Laurie – Tax Court of Canada finds that a taxpayer had failed to establish due diligence re a repeated failure to file T1135s

The taxpayer filed a voluntary disclosure regarding her failure for her 2012 to 2014 taxation years to file T1135 returns reporting her foreign investments, which the CRA accepted. In the course of preparing her 2021 taxation return, she realized that she had failed to file T1135 returns for her 2019 and 2020 taxation years. CRA refused a second voluntary disclosure, and she appealed the imposition on her of s. 162(7) penalties.

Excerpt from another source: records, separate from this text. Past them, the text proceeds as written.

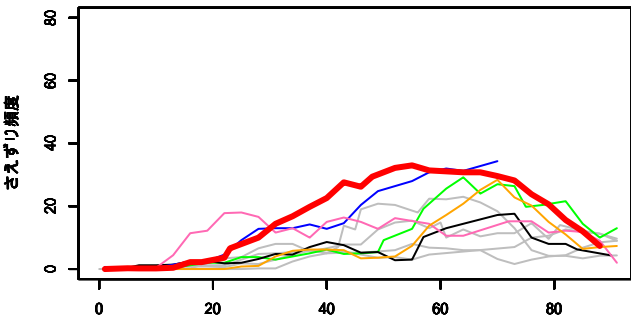

## ライブ音聴き取り調査にもとづく 各種鳥類のさえずり頻度の過去との比較

さえずり頻度は日の出 10 分前から 1 時間後までの 70 分間のうち、何分間、さえずりが記録されたかを示しています。70 だとすると、最初から最後までずっと鳴いていたことを意味します（富良野のみ 15）。

各折れ線は — 2011 年, — 2012 年, — 2013 年, — 2014 年, — 2015 年, — 2016 年, — 2017 年, — 2018 年, — 2019 年, — 2020 年, — 2021 年を示していて前後 2 回の計 5 回分の 移動平均で示しています。「鉄塔」は埼玉県秩父演習林, 「おたの申す平」は長野県志賀高原, 「富士」は山梨県山中湖の東大富士癒しの森研究所, 「富良野」は北海道富良野演習林での結果です

鉄塔\_アオバト

4月1日からの通算日

鉄塔\_コガラ

4月1日からの通算日

鉄塔\_ヒガラ

4月1日からの通算日

鉄塔\_ヤマガラ

4月1日からの通算日
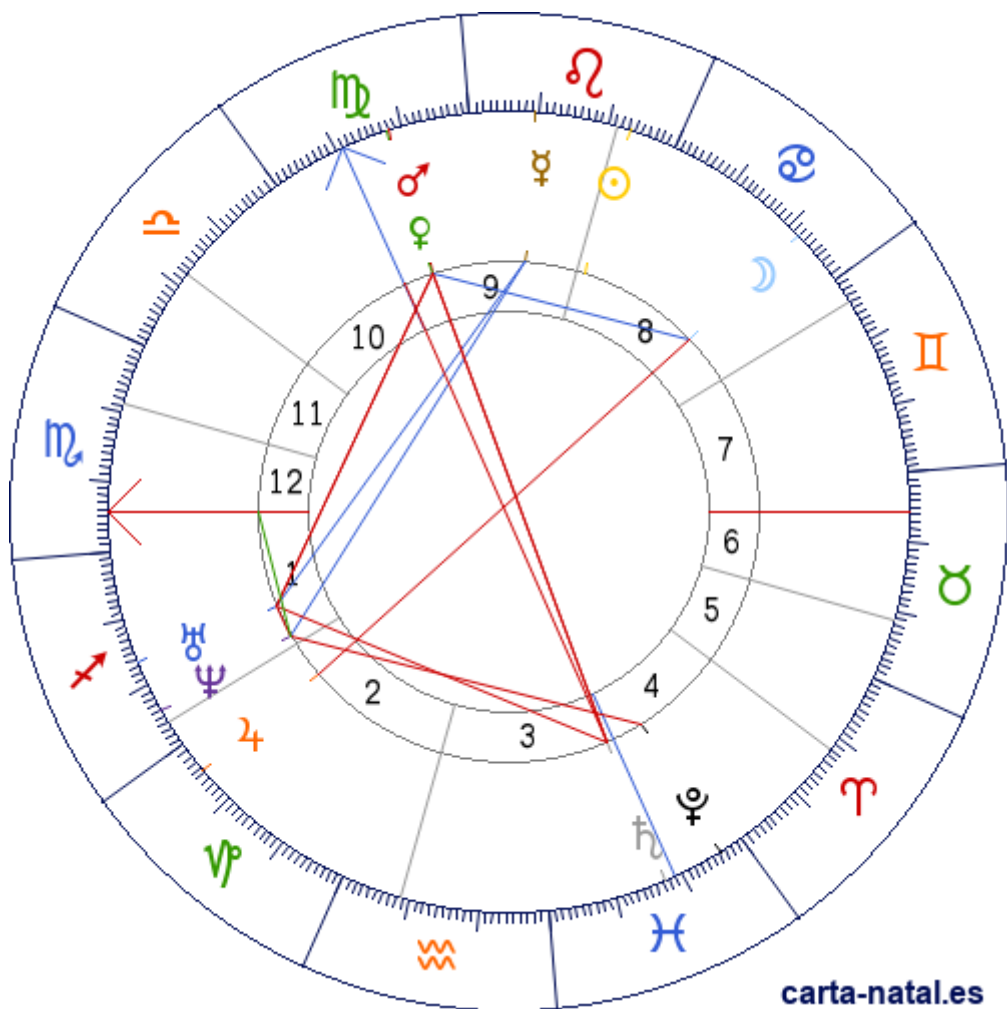

Carta natal

Emily Brontë

30/07/1818 14:49:00 (LMT)

30/07/1818 14:56:24 UT

53:47:00N 01:51:00W

Tropical/geocéntrico

Carta eclíptica

Casas: Placidus

ARMC: 169°52'33.28968"

carta-natal.es

Generalidades

Fuego 31.82%

Tierra 31.82%

Aire 0%

Agua 36.36%

Cardinal 18.18%

Planetas

☉	♌	06°45'30"	8 » 9
☾	♍	08°01'09"	8
♀	♏	20°36'12"	9
♀	♎	12°15'12"	9
♂	♎	11°55'34"	9
♃	♈	04°36'52"R	2
♅	♋	17°28'00"R	3 » 4
♁	♉	16°26'32"R	1
♃	♉	24°04'36"R	1 » 2
♁	♋	26°15'41"R	4

Aspectos

☾	60°	♂	3.91° (A)
☾	180°	♃	3.4° (S)
♀	120°	♁	4.16° (S)
♀	120°	♃	3.47° (A)
♀	0°	♂	0.33° (S)
♀	180°	♅	5.21° (A)
♀	90°	♁	4.19° (A)
♂	180°	♅	5.54° (A)
♂	90°	♁	4.52° (A)
♅	90°	♁	1.02° (A)
♅	180°	MC	1.52° (S)
♁	0°	♃	7.63° (S)
♃	90°	♁	2.18° (S)
♃	30°	AC	0.32° (S)
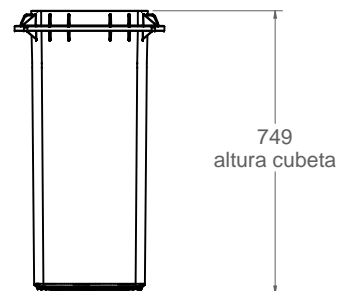

# P-200

Papelera Toscana en polipropileno con tapa abatible y cierre y cubeta extraíble

835  
altura  
total

TACO DE ANCLAJE M8x80  
suministrado con la papelera

vista alzado  
1:20

749  
altura  
cubeta

cubeta interior  
1:20

299  
interior

396  
exterior  
cubeta

## Material:

Cuerpo y cubeta: Polipropileno, alto impacto  
Cierre: ACERO INOXIDABLE

Peso: 9,0 kg

Capacidad: 65 litros.

## Características:

Tapa abatible.

Cierre de llave tipo cuadradillo de 8 mm.
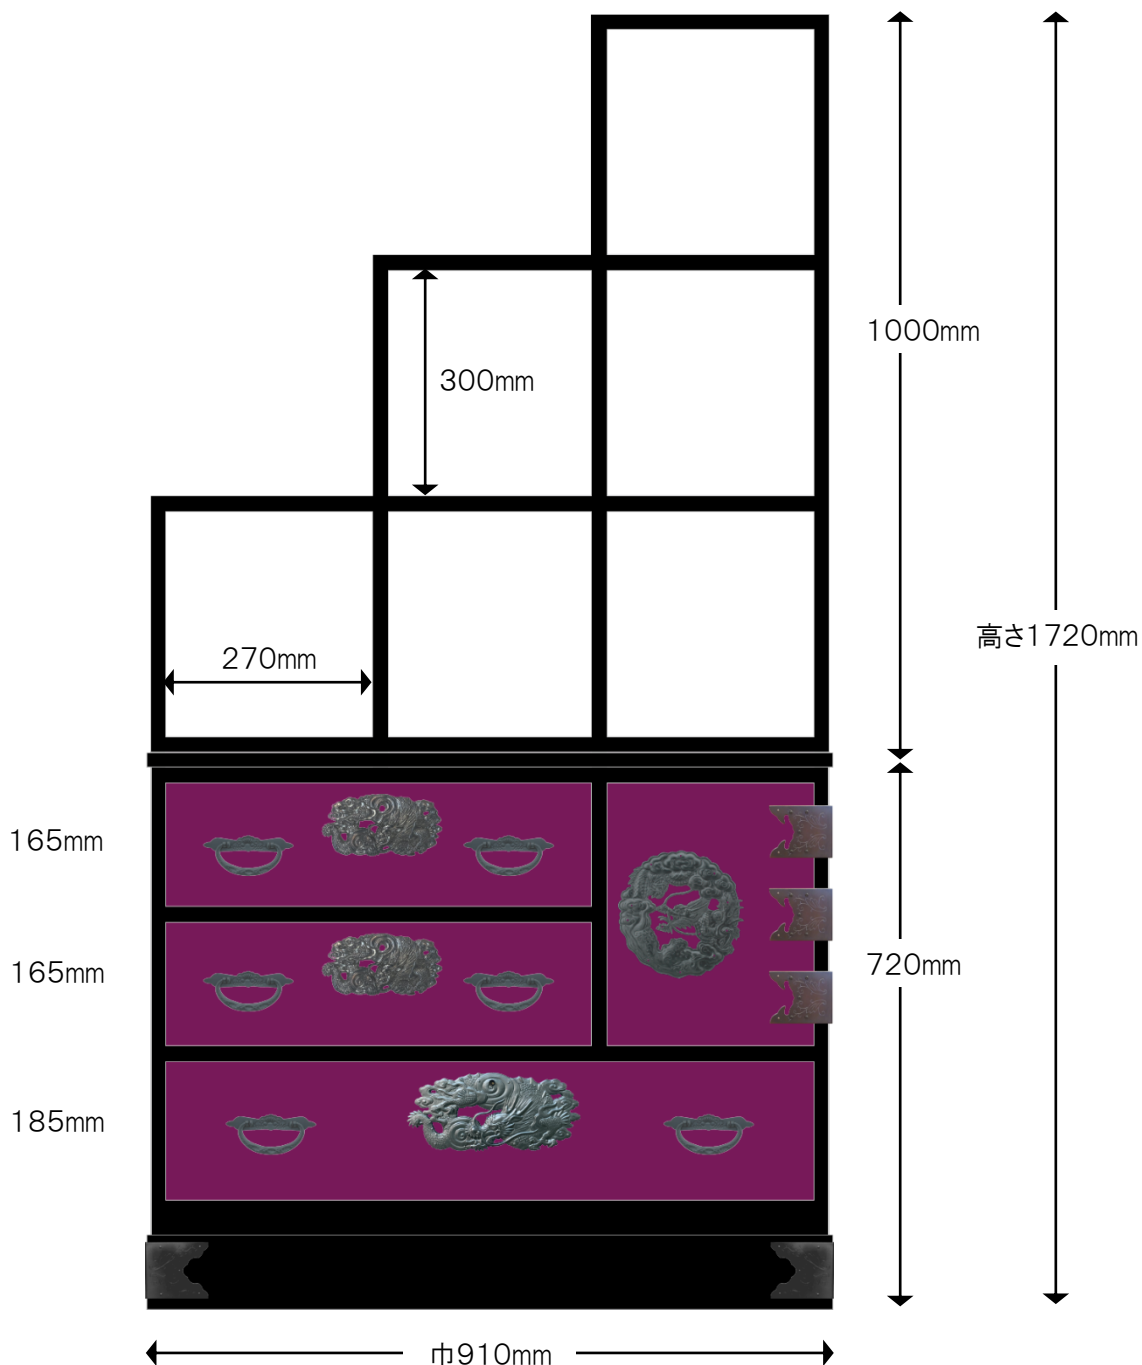

D

製作図

■特注30桐チェスト 片開下ー&オープン棚 ボルドー&ブラック

※注 色合いは、実際の製品とは若干異なって見える場合がございます。
引出し外寸&内寸は、表記のサイズから数ミリ程度の許容差がございます。

【仕様】

●サイズ：巾910×奥行350×高さ1700mm ●仕上げ：ボルドー&ブラック

二本松伝統家具の展示館
二本松工芸館
家具工房
二本松民芸家具製造発売元
田中家具株式会社

〒964-0904 福島県二本松市郭内 1-48

tel. 0243-23-0219 fax. 0243-23-0229 e-mail. info@tanakakagu.jp

tanakakagu.jp
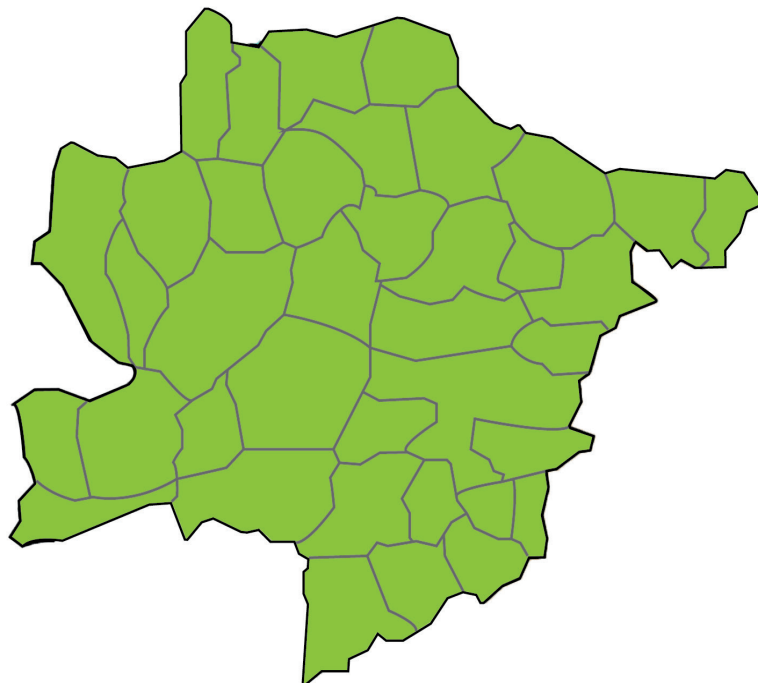

Les clubs par secteur et les structures habilitées

Provence Verte

TC Brignoles
TC de la Celle
TCM Saint-Maximin
Tennis de Barjols
TC de Forcalqueiret
TO Pourrières
TC Tourvain
TC Nans les Pins
TC Rougierois
TC Valois
Tennis des Sources
Cotignac TC
TC du Val d'Issole
Les Tennis du Grand Pré
Tennis Club Montfortais
Tennis Club Carçois
Tennis Club Saint-Zacharie
TC Sainte Anastasie
Tennis Club Seillonnais

Var Estérel

GTC Valescure - Tennis
AMSLF TC Gallieni
TC Pugétois
Saint-Raphaël CC
TC Roquebrune
TC Bagnols en Forêt
Padel Tennis Club des Adrets
CSA 21 RIMA Fréjus - section
TC d'Agay
Ultra Cap Estérel Country Club
Pad and Ball
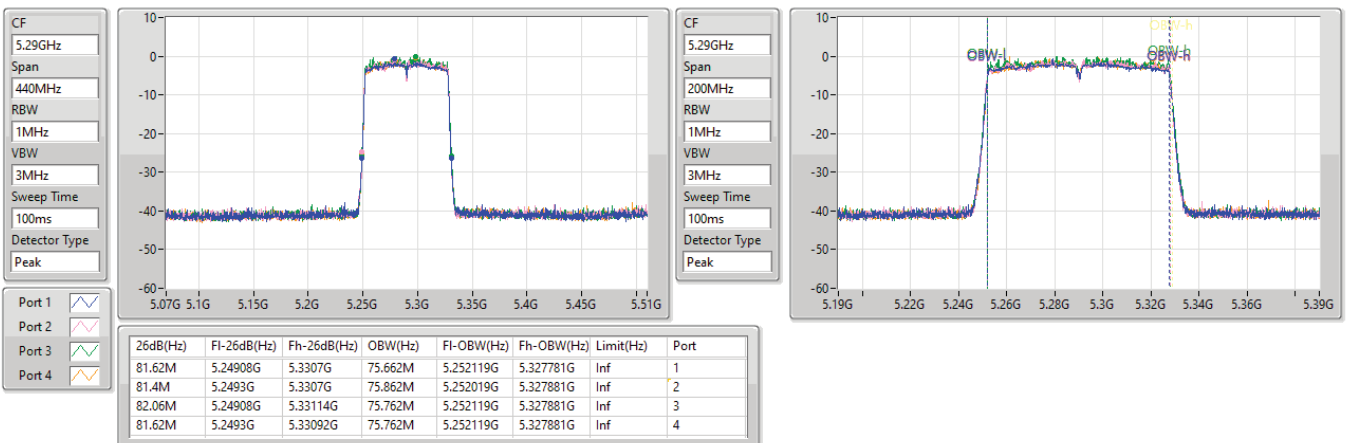

5.15-5.25GHz\_802.11ac\_VHT80\_Nss4,(MCS0)\_4TX

EBW

5210MHz

23/02/2023

5.25-5.35GHz\_802.11ac\_VHT80\_Nss4,(MCS0)\_4TX

EBW

5290MHz

23/02/2023
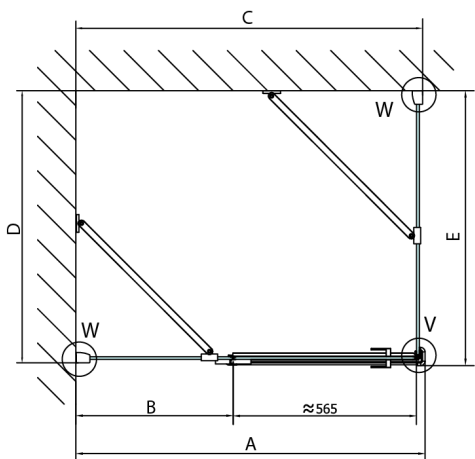

FORTIS Rectangular screen 1100x1200 mm, R variant

Order code: FL1011RFL3512

Size

Width: 1100 mm
 Height: 2000 mm
 Depth: 1200 mm

Properties

Warranty: 2 years

Technical sheet

FL10xxL
 FL11xxL

FL3580
 FL3590
 FL3510
 FL3511
 FL3512

FL3580
 FL3590
 FL3510
 FL3511
 FL3512

FL10xxR
 FL11xxR

Dveře	A (mm)	B (mm)	C (mm)
FL1080	785-801	≈ 200	779-795
FL1090	885-901	≈ 300	879-895
FL1010	985-1001	≈ 400	979-995
FL1011	1085-1101	≈ 500	1079-1095
FL1012	1185-1201	≈ 600	1179-1195
FL1113	1285-1301	≈ 700	1279-1295
FL1114	1385-1401	≈ 800	1379-1395
FL1115	1485-1501	≈ 900	1479-1495

Boční stěna	E	D
FL3580	785-801	779-795
FL3590	885-901	879-895
FL3510	985-1001	979-995
FL3511	1085-1101	1079-1095
FL3512	1185-1201	1179-1195

Stavební připravenost pro montáž na dlažbu
 kóty x,y = Rozměr k vnitřní straně skla

Construction readiness for floor mounting
 dimensions x, y = Dimension to the inside of the glass

Dveře	X (mm)	B (mm)
FL1080	768	≈ 200
FL1090	868	≈ 300
FL1010	968	≈ 400
FL1011	1068	≈ 500
FL1012	1168	≈ 600
FL1113	1268	≈ 700
FL1114	1368	≈ 800
FL1115	1468	≈ 900
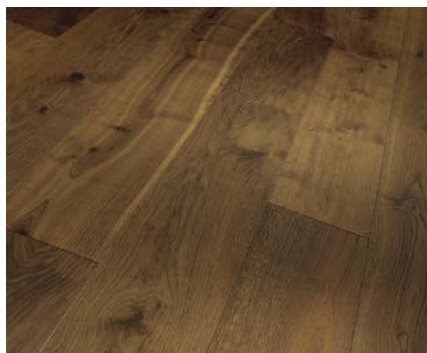

Chêne stone brossé  
Living  
mini-chanfrein 4V  
1368981

Chêne Verdecchio  
Rustikal  
mini-chanfrein 4V  
1578097

Frêne  
Living  
mini-chanfrein 4V  
1475328

Frêne  
Living  
chanfrein 4V  
1475329

Mélèze  
Rustikal  
mini-chanfrein 4V  
1518244
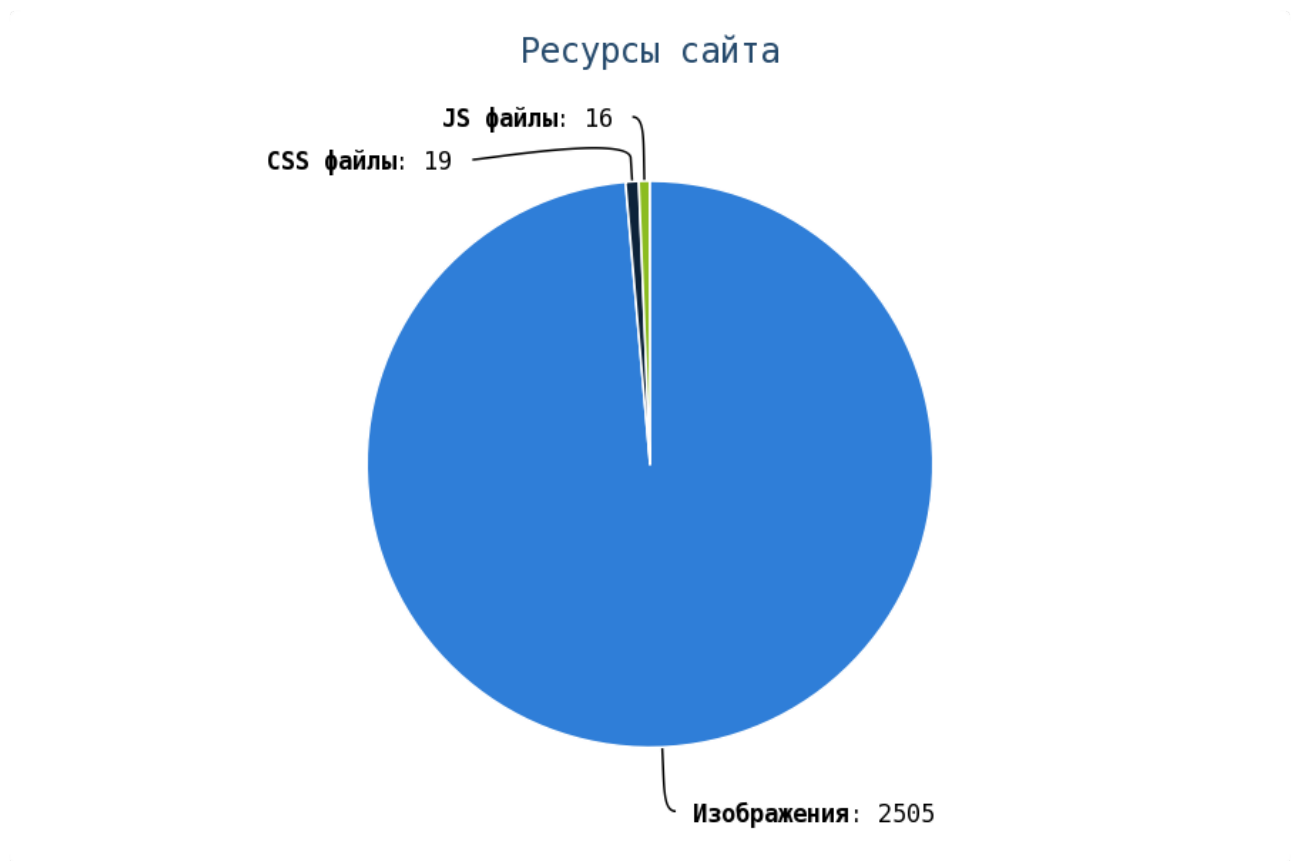

Отчёт по ресурсам

i Ресурсы на вашем сайте — это изображения, подключаемые CSS-стили, шрифты, JS-файлы и т. д. В отчёте также представлены внешние ссылки на сторонние ресурсы. Важно, чтобы все они корректно загружались и отображались, поскольку ресурсы участвуют в корректном формировании страниц.

i Всего ресурсов найдено на сайте: 2540.

🚩 ошибок изображений (img src): 1347.

💡 Проверьте ссылки на следующие изображения:

Приложение: [Список ошибок](#)

🚩 ошибок CSS файлов (link href): 12.

💡 Проверьте ссылки на следующие CSS файлы:

Приложение: [Список ошибок](#)

🚩 ошибок Javascript файлов (script src): 12.

💡 Проверьте ссылки на следующие JavaScript файлы:

Приложение: [Список ошибок](#)

Graham J. found that the jurisprudence had established that a due diligence defence was available under s. 162(7). In rejecting a Crown submission that Parliament had turned its mind in s. 233.5 (respecting due diligence in seeking unavailable information) regarding the only relevant circumstances in which due diligence could be a defence, Graham J. stated (at para. 8):

I cannot see how, in providing a due diligence defence for information returns under sections 233.2 and 233.4 that were filed on time but were incomplete, Parliament could in any way be said to have indirectly precluded a due diligence defence to the late filing of all information returns covered by subsection 162(7).

However, he went on to find that in these (repeat mistake) circumstances, the taxpayer had failed to establish that she satisfied the Résidences Majeau due diligence tests.

A somewhat analogous issue arises, regarding the s. 245(5.1) GAAR penalty, as to whether the extremely narrow statutory defence under s. 245(5.2) implies that there is no Résidences Majeau due diligence defence (although the analogy is perhaps complicated by the availability of the alternative defence for voluntary disclosure under s. 237.3). The final version of the Explanatory Notes on s. 245(5.2) notably added a statement that:

It is not intended to replace any other defences that may be available under applicable law.

Neal Armstrong. Summary of Laurie v. The King, 2025 TCC 130 under s. 162(7).